Sempre fui um crédulo desde pequenino.
Cria nos bons sentimentos. No nascer do sol e no despertar da lua. No acarinhar do pai tentando consolar o filho em horas adversas. E cria ainda que o bem vence o mal nesse mundão tão dispare. Que as desigualdades sociais serão atenuadas no decorrer do tempo.
Depositava a maior fé que Deus era o mesmo em todas as crenças. E Ele se vestia em trajes andrajosos segundo professava o livro santo.
Cria ainda que ao crescermos todos iríamos ter as mesmas oportunidades de nos darmos bem na vida. E que a felicidade fosse uma prerrogativa de todo mundo. E para que ela fosse conquistada mister se faz viver uma vida singela e sem complicações maiores.

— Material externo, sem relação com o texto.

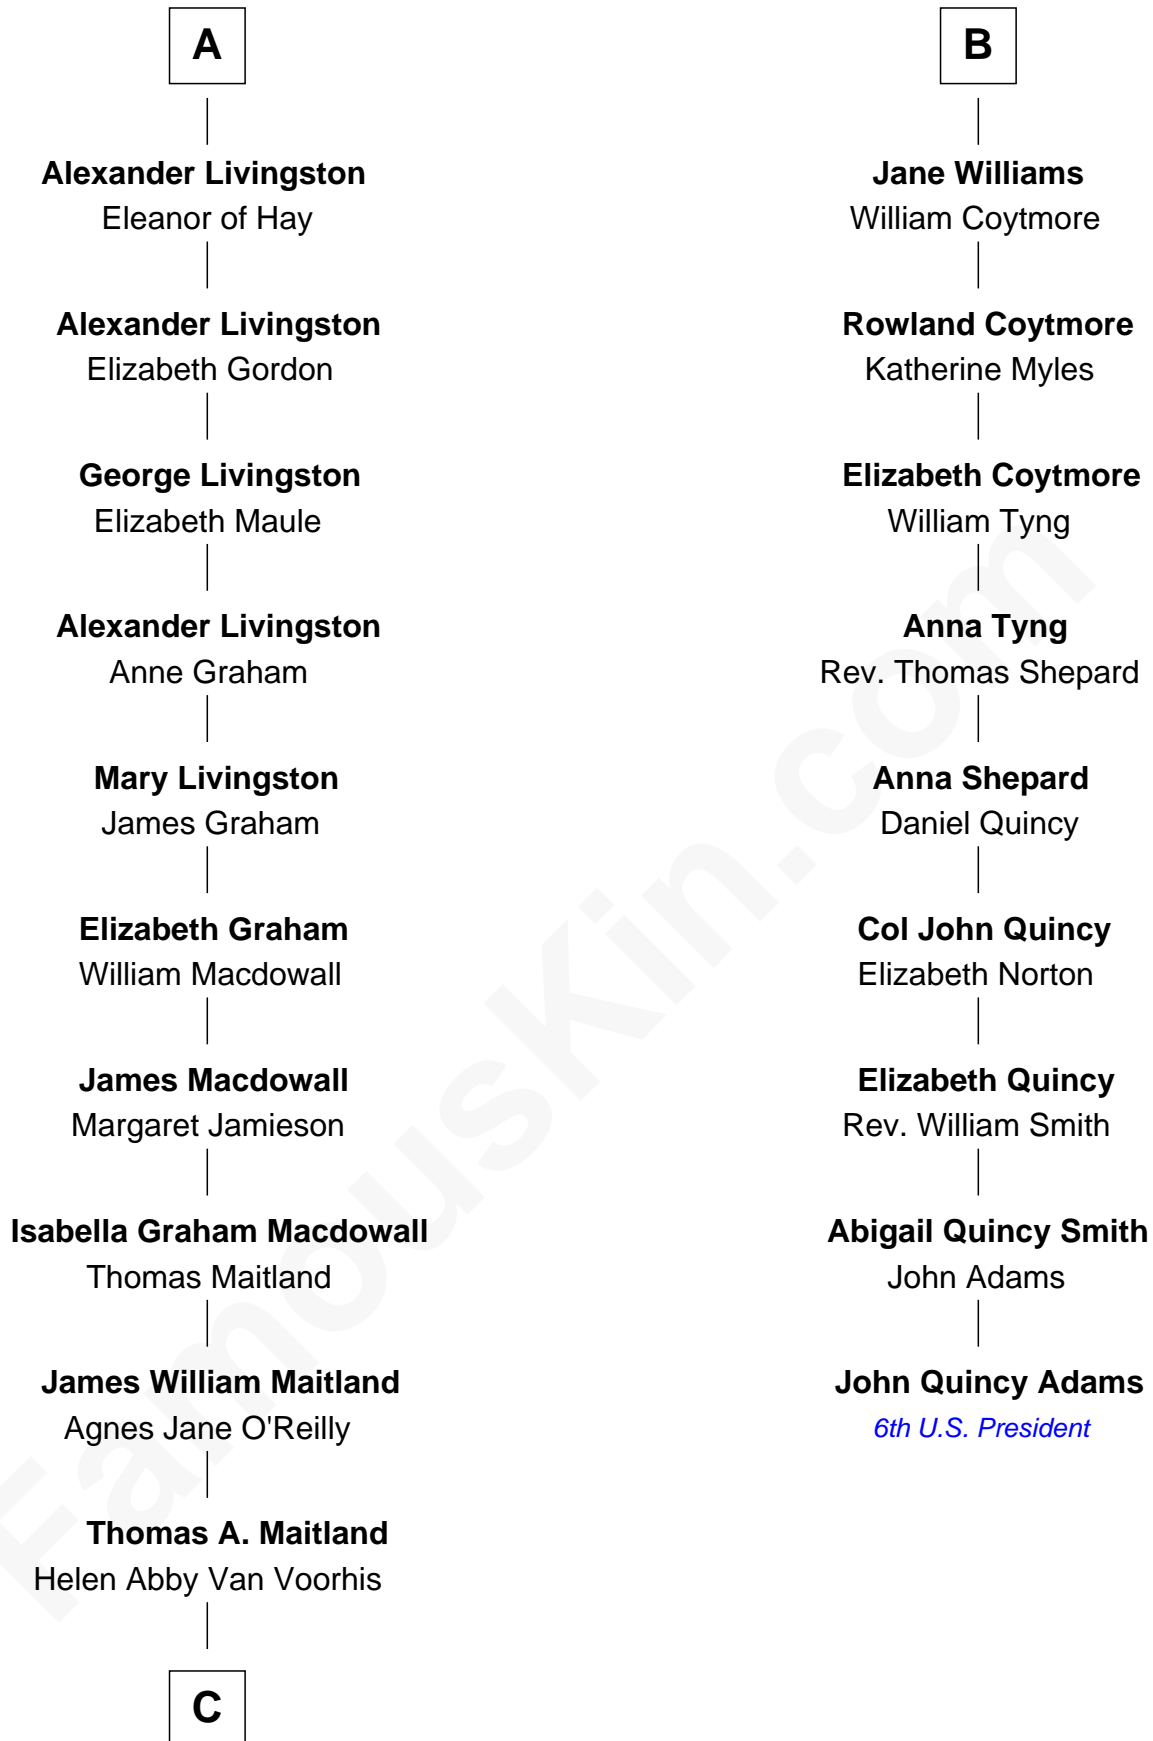

## Relationship Chart of

### Howard Dean

79th Governor of Vermont

15th cousin 4 times removed of

### John Quincy Adams

6th U.S. President

C

James William Maitland

Sylvia Wigglesworth

Andrea Belden Maitland

Howard Brush Dean

Howard Dean
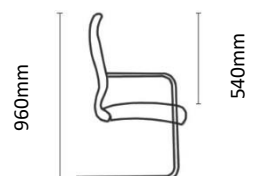

ECLIPSE SPECIFICATIONS

Eclipse Executive

Eclipse Task

Eclipse Visitors

Chair Weight: 28 - 29kg

485mm

680mm
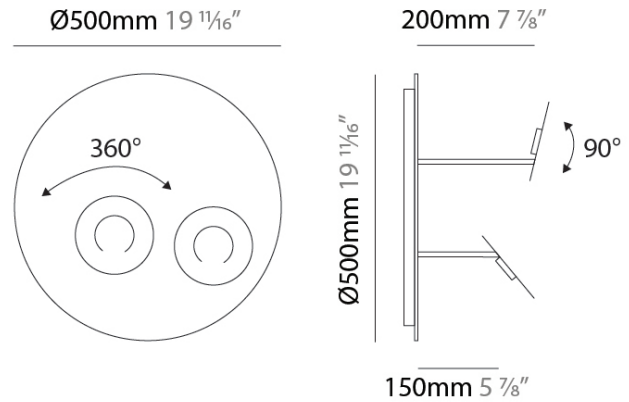

PHYSICAL

Shape: Abstract _____
 Diameter (mm): 500 _____
 Diameter (in): 19 ¹¹/₁₆ _____
 Height (mm): 300 _____
 Height (in): 11 ¹³/₁₆ _____
 Fixture Finish: EWH / EBK / MAN / COF / PRD / SLF / GLF / CLF / BRL / EWS / EWG / EWC / EWR / EBS / EBG / EBC / EBC / EBB / MAS / MAD / MAC / MAB / COS / CGO / CCL / CBL / PRS / PRG / PRC / PRB _____
 Fixture Material: Steel _____

LED

Color Temperature (°K): 3000 _____
 Max. Delivered Lumen (lm): 3600 _____
 CRI: >90 CRI _____
 Lamp Life (hrs): 50000 _____

OPTICAL

Adjustability: Tilt 90° _____

RATINGS AND CERTIFICATIONS

Certified By: CSA Certified to UL and CSA Standards _____
 IP rating: IP20 _____
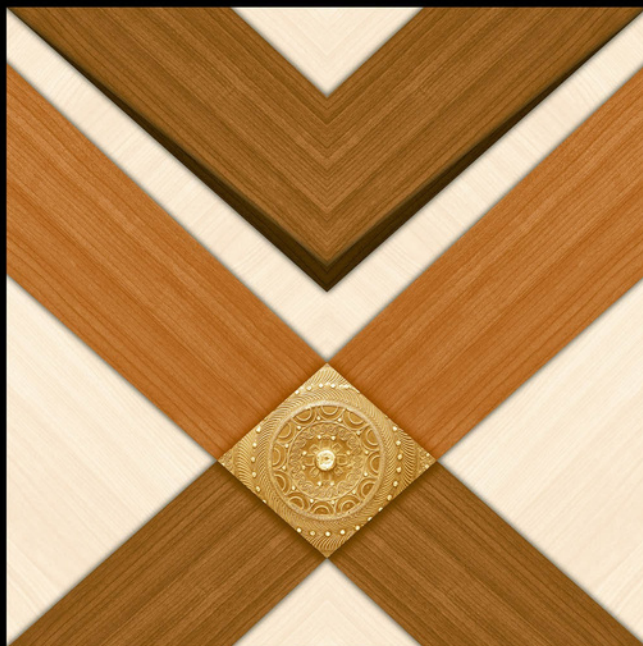

ADELE CERAMICA

| DESIGN -1583

| FINISH - MATT

600X
600MM

Galicha
SERIES

ADELE CERAMICA

| DESIGN -1584

| FINISH - MATT
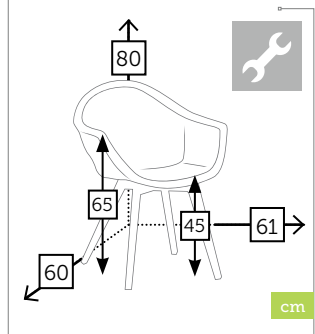

CAMPUS

sillón comedor

Ref. CAR188CCVW

Aluminio charcoal
Wicker viro white

Ref. CAR188CCVK

Aluminio charcoal
Wicker viro khaki

Ref. CAR188WHVK

Aluminio white
Wicker viro khaki

Ref. CAR188WHVW

Aluminio white
Wicker viro white
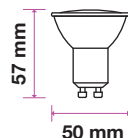

Model	SKU	Watts	EQUIV.W	Lumen	Box Qty
VT-2225	2739 - 3000K WARM WHITE	5w	35w	400	30
	2740 - 4000K DAY WHITE				
	2741 - 6400K WHITE				
VT-2225-N	212739 - 3000K WARM WHITE	4.5W	35w	400	180
	212740 - 4000K DAY WHITE				
	212741 - 6500K WHITE
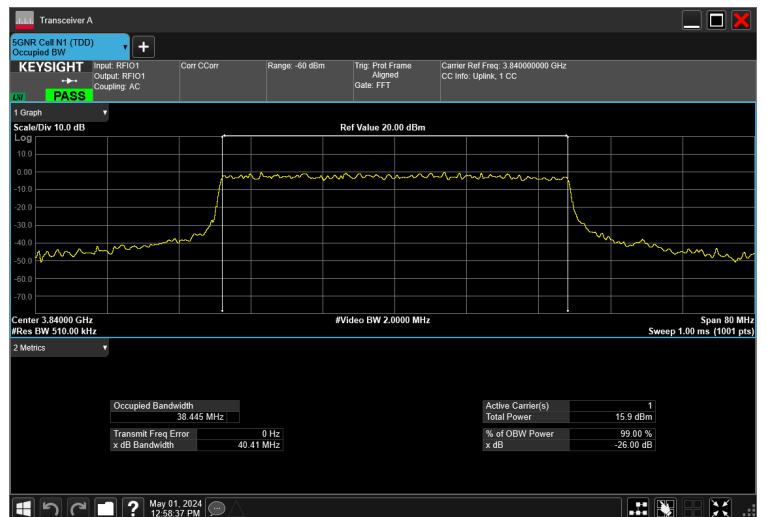

40MHz_15kHz_3840MHz_DFT-s-OFDM QPSK_RB216@0 38.585 MHz

40MHz_15kHz_3840MHz_DFT-s-OFDM 256 QAM_RB216@0 38.445 MHz
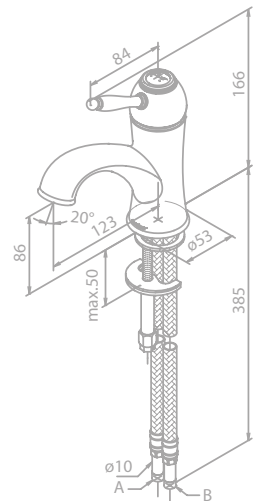

Ceramic cartridge

Basin mixer

Article no.: 37034.77

Finish: Polished brass (PVD)

Standard features:

Ceramic cartridge

Basin mixer

Article no.: 37034.80
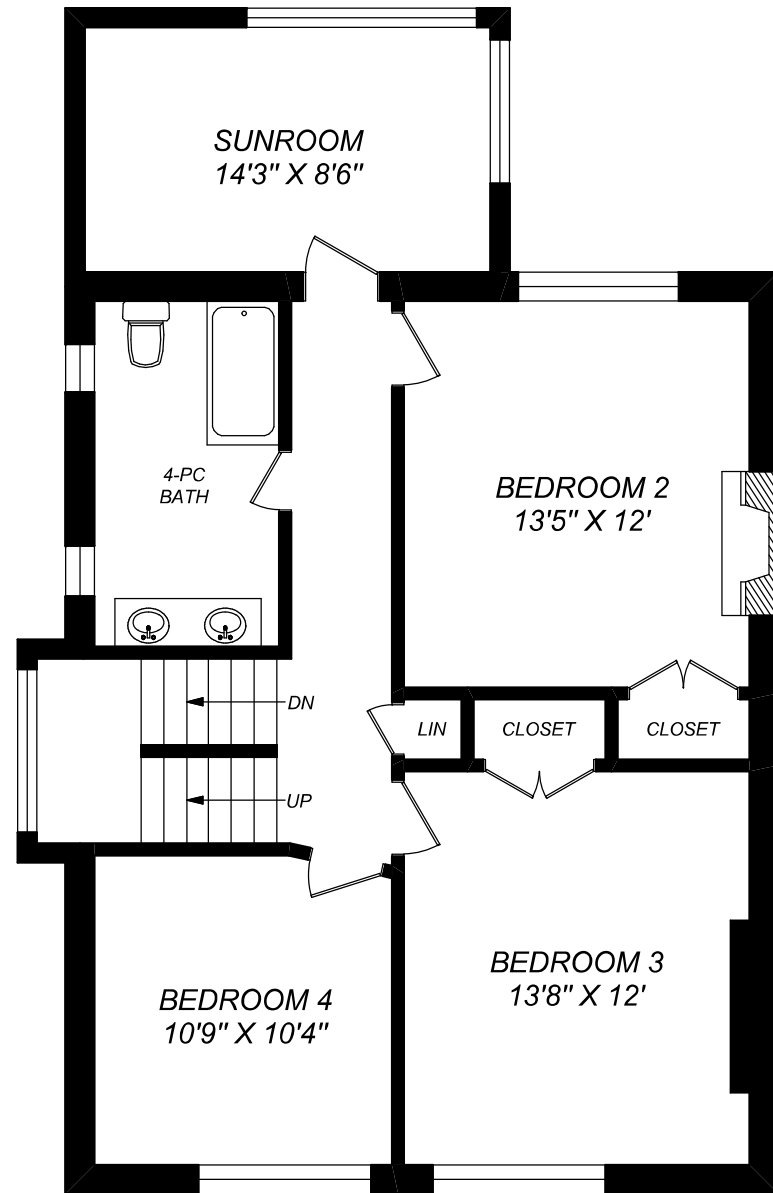

20 HIGHVIEW CRESCENT

416 573 2096

E & O.E.

Floor plan may not be 100% accurate.

SECOND FLOOR
948 SQUARE FEET

20 HIGHVIEW CRESCENT

**THIRD FLOOR
385 SQUARE FEET**

**LOWER LEVEL
933 SQUARE FEET**

truPlan

416 573 2096

E & O.E.

Floor plan may not be 100% accurate.
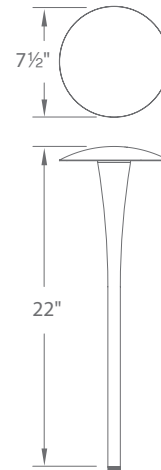

Input	9-15VAC
Power	5.8W / 9.4VA
Brightness	Up to 150 lm
Color Temp	2700K Warm white, 3000K Pure white
CRI	90
Rated Life	60,000 hours

6011-27	2700K	BK	Black on Aluminum
6011-30	3000K	BZ	Bronze on Aluminum
		BBR	Bronze on Brass
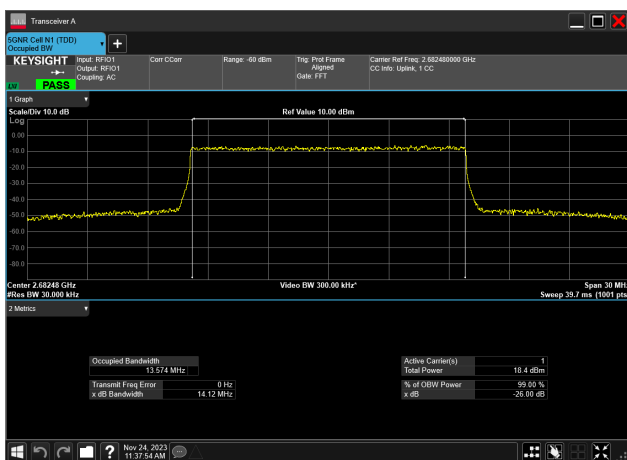

20MHz_30kHz_2506.02MHz_DFT-s-OFDM PI/2 BPSK_RB50@0
17.974 MHz

15MHz_30kHz_2682.48MHz_CP-OFDM 64 QAM_RB38@0
13.574 MHz
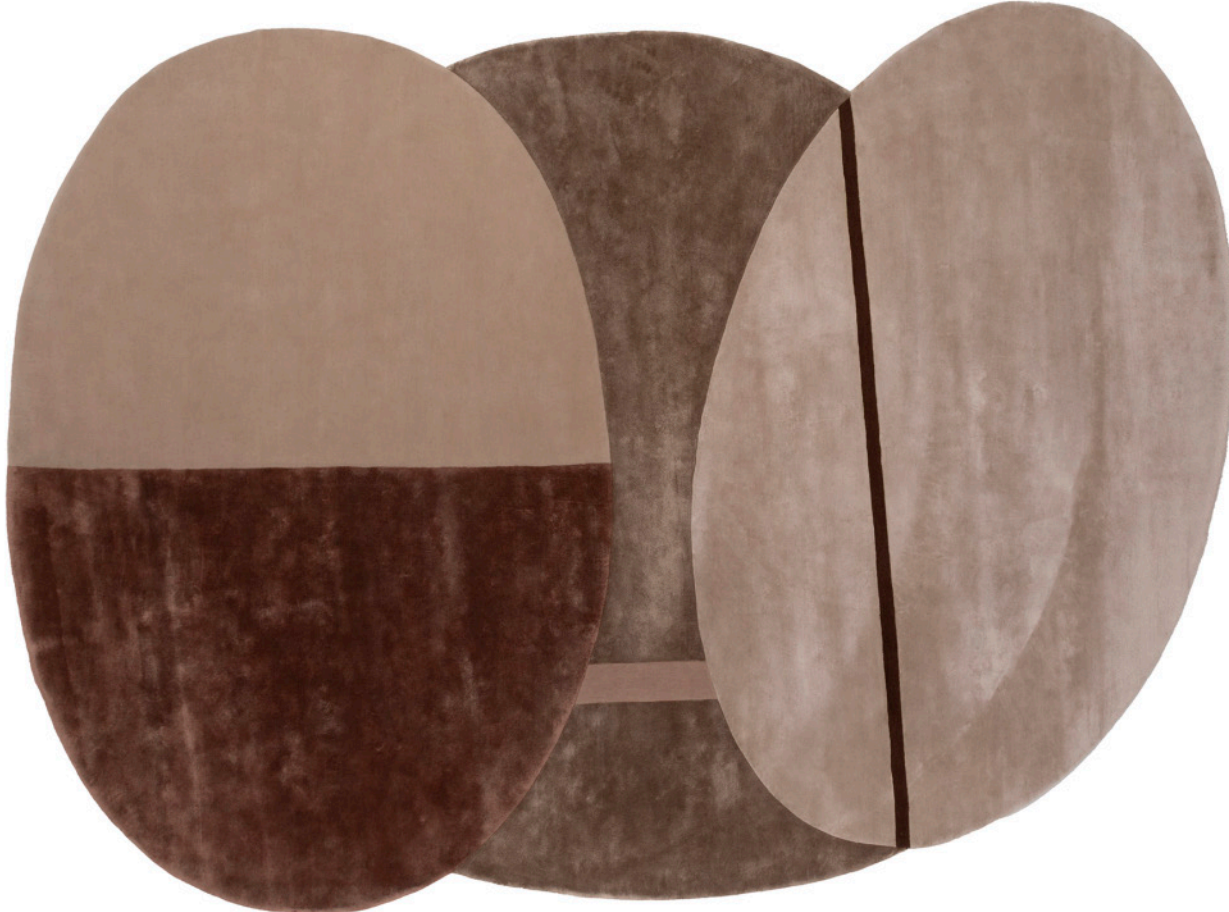

DRAFT IMAGES

■ V854002XNA

■ V854001XNA

ALL PICTURES SHOWN ARE FOR ILLUSTRATIVE PURPOSE ONLY. ACTUAL PRODUCT MAY VARY DUE TO PRODUCT ENHANCEMENT.

■ V854005XNA

■ V854006XNA

ALL PICTURES SHOWN ARE FOR ILLUSTRATIVE PURPOSE ONLY. ACTUAL PRODUCT MAY VARY DUE TO PRODUCT ENHANCEMENT.

SCHEMATICS

RECTANGULAR

200cm x 300cm  
78,74" x 118,11"

300cm x 400cm  
118,11" x 157,48"

200cm x 300cm H 2cm  
78,74" x 118,11" H 0,79"

300cm x 200cm H 2cm  
118,11" x 78,74" H 0,79"

300cm x 400cm H 2cm  
118,11" x 157,48" H 0,79"

400cm x 300cm H 2cm  
157,48" x 118,11" H 0,79"

FINISHINGS

Color

BEIGE

BLUE

MOCHA MOUSSE

Color 2

WALNUT

Mas com o tempo passando. Anos se amontoando. A juventude ficando pra trás. Percebi. Com esses olhos enxergadores. Que nem sempre é assim.
A descrença passou a fazer parte de mim. Não perdi a fé nem deixei de sonhar.
Mas os sonhos foram escasseando. As ilusões se desfazendo. As nuvens tapando a boca do sol. Foi então que passei a desacreditar em muita coisa que dantes cria.
Agora que, de jovem sonhador, passei a ser um ancião que quase não sonha mais. Muitos desses sonhos se desvaneceram.
Ainda creio nas boas intenções. Se bem que elas cada vez mais deixaram de existir. Em seu lugar um vazio imenso inunda-me o coração. Que só não parou de pulsar por não ter chegado a hora.
Passei a descrer na bondade humana. A mercê de tantas guerras que acontecem por aí.
Não dá mais para acreditar que o bem sempre derrota o mal. Pois muitos crimes permanecem insolúveis.
Não mais me permito crer nas coisas que dizem por ai. Já que as redes sociais quase sempre distorcem a realidade. E espalham inverdades aos quatro ventos.
Não dá pra acreditar em tudo que a mídia mostra. Pois fatos inverídicos são retratados como tendo acontecido.
Não creio mais naquilo que foi dito pelos políticos. Falastrões que muitos são.
Não mais creio nas verdades que se transformaram em mentiras. Antes o de mais valia agora já não vale mais.
Não mais acredito nas coisas que se transformaram em loisas. Agora passei a acreditar apenas no que acredito.
Antes acreditava em muitas pessoas. Mas elas mesmas me fizeram perder a confiança. Graças às mentiras que passaram adiante.
Não mais acredito em amigos que se disseram amigos de verdade. Ex amigos agora figuram numa lista pregada à parede do esquecimento.
Não dá mais para acreditar em falsos profetas. Que dantes professavam a bondade que se transformou em meras falácias vãs.
Agora não mais creio em tudo que cria antes. Talvez a razão seja por ter crescido. Em menino julgava todos iguais. Mas o tempo me provou não ser bem assim.
Infelizmente os tempos são outros. O que dantes tinha valor agora esse mesmo valor se desvalorizou.
Agora a descrença quase me tomou por inteiro. Metade de mim ainda acredita. A outra resiste estoicamente a continuar a crer.
Hodiernamente os tempos mudaram. Eu também mudei.
De menino crédulo passei a ser um velho descrente. Quem saberia dizer por culpa de quem?
Somos frutos do meio. Meros espectadores partícipes do mundo em que vivemos.
Se não mais acredito em tudo que cria. Quem sabe noutra vida as descrenças desapareçam naquele lugar pra onde iremos.